7.Comparison of the efficacy of pulsed radiofrequency on acute herpes zoster neuralgia and postherpetic neuralgia
Huiyong NIE ; Dandan ZHANG ; Hui WANG ; Huan WANG ; Suoliang WANG
Journal of Xi'an Jiaotong University(Medical Sciences) 2024;45(6):993-998
[Objective] To compare the clinical efficacy of pulsed radiofrequency (PRF) in patients with acute herpes zoster neuralgia (AHN) and postherpetic neuralgia (PHN). [Methods] A retrospective analysis was made on 287 patients with thoracic herpes zoster related pain. The patients were divided into acute herpes zoster neuralgia group (group AHN, within 3 months) and PHN group (group PHN, over 3 months) according to the onset time of herpes zoster. Pain degree (VAS), sleep quality (AIS), anxiety and depression (GAD-7 and PHQ-9) at 1 week, 1 month, 3 months, 6 months and 12 months after the procedure were analyzed and compared between the two groups. [Results] The scores of VAS, AIS, GAD-7 and PHQ-9 significantly decreased in both groups after surgery (P<0.001).

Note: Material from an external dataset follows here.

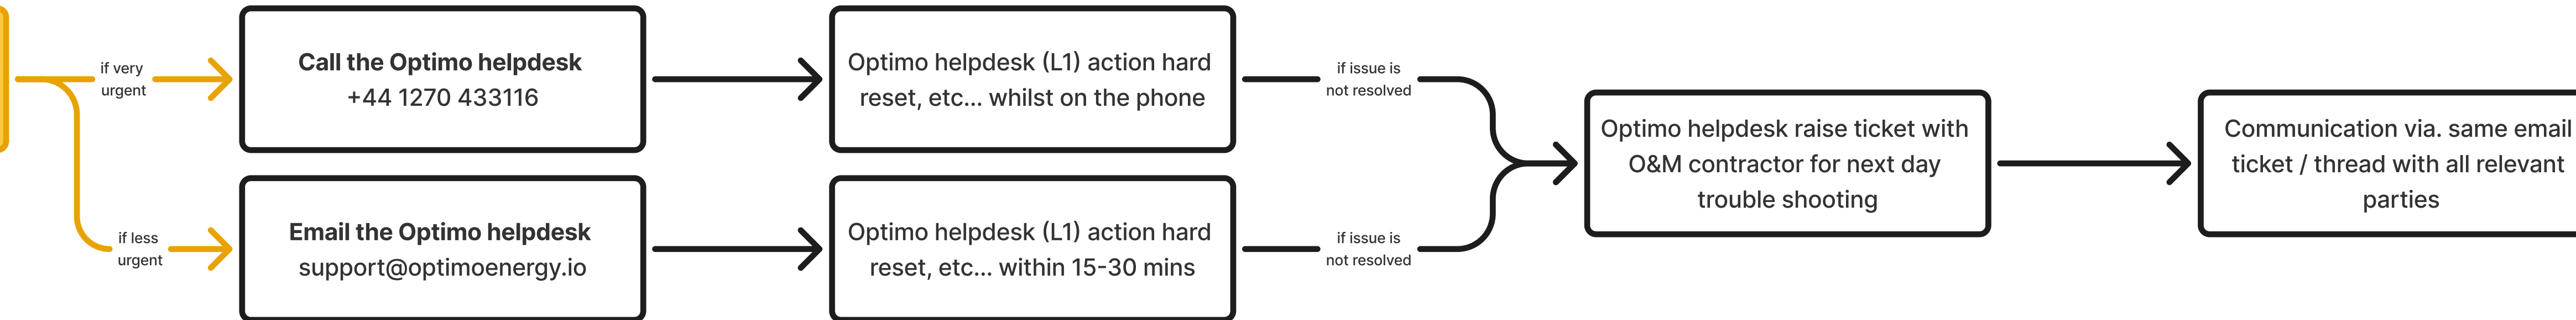

Urgent Charger action related issues

Eg.: hard reset a charger, prioritise a charging session over others, "why is this charger only outputting 3kW", etc...

The four scores decreased more in AHN group than in PHN group from 1 to 12 months after surgery (P<0.001). After 12 months of follow-up, there were fewer cases of taking oral pregabalin and opioids in the former group than in the latter group (P=0.001). [Conclusion] PRF has a good therapeutic effect on herpes zoster related pain and is better than PHN in relieving pain, improving sleep and anxiety and depression in AHN, or can prevent PHN.